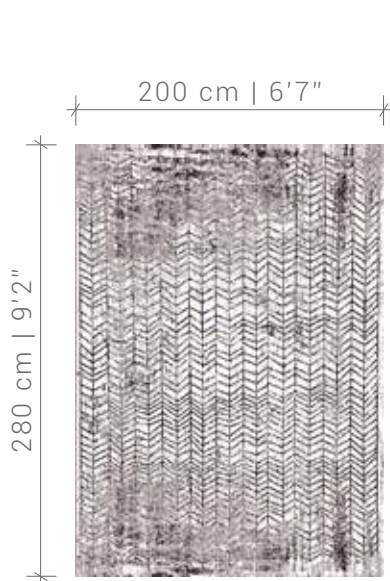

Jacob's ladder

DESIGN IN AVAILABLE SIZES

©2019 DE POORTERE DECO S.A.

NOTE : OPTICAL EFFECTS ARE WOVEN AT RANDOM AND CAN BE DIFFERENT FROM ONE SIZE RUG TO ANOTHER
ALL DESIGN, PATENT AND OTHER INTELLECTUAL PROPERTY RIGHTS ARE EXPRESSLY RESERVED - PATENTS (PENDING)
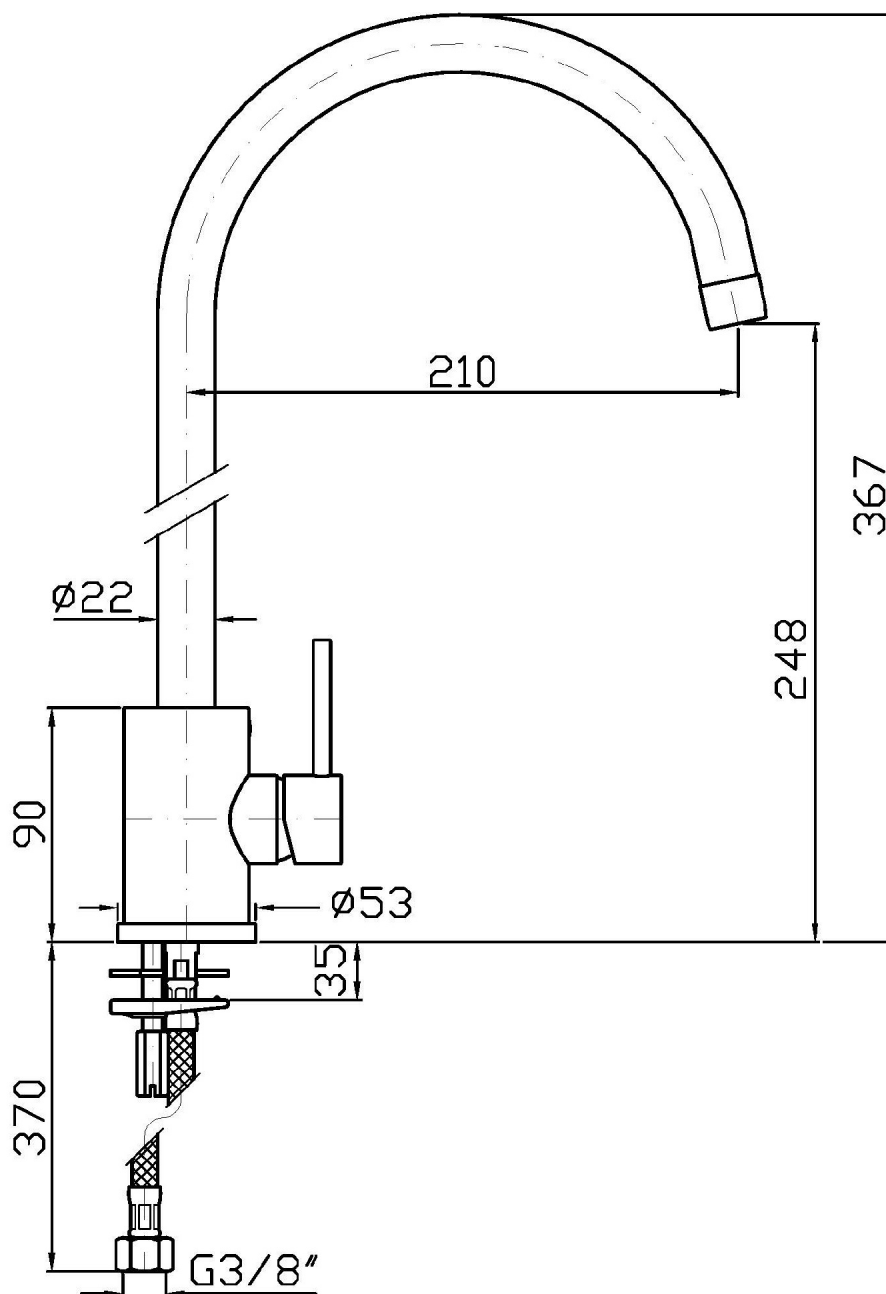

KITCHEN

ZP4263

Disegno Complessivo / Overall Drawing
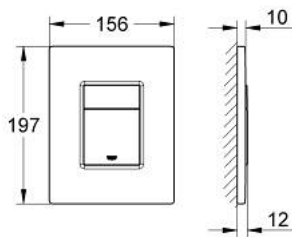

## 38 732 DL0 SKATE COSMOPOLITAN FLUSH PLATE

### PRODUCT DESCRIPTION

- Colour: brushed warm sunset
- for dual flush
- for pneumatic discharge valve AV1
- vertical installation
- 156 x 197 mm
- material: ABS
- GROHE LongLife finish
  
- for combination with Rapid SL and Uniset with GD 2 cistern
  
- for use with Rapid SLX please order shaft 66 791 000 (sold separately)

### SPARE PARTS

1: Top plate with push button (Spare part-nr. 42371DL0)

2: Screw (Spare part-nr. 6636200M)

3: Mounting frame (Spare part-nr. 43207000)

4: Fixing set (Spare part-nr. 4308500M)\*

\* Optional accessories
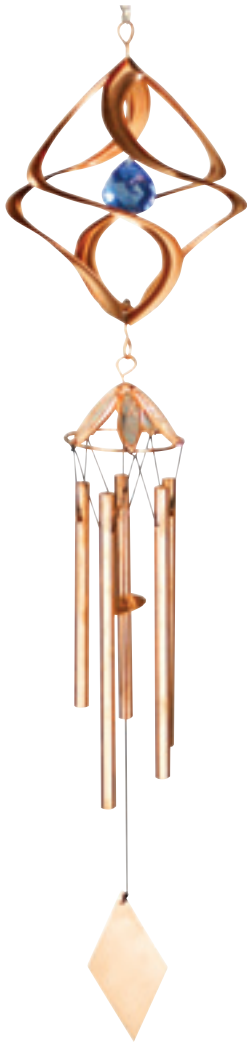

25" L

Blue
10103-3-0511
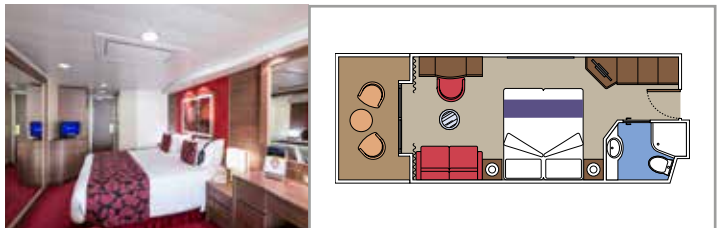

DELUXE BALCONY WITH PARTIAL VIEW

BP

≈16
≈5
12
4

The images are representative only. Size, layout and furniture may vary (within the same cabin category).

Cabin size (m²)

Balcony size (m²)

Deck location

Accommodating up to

----

THE PROBLEM :: Please repeat exactly the lines from the one containing "10103-3-0511" through the last line of the records, both included, and leave out the pictures.

TASK RESPONSE ::
10103-3-0511

DELUXE BALCONY WITH PARTIAL VIEW

BP

≈16
≈5
12
4

The images are representative only. Size, layout and furniture may vary (within the same cabin category).

Cabin size (m²)

Balcony size (m²)

Deck location

Accommodating up to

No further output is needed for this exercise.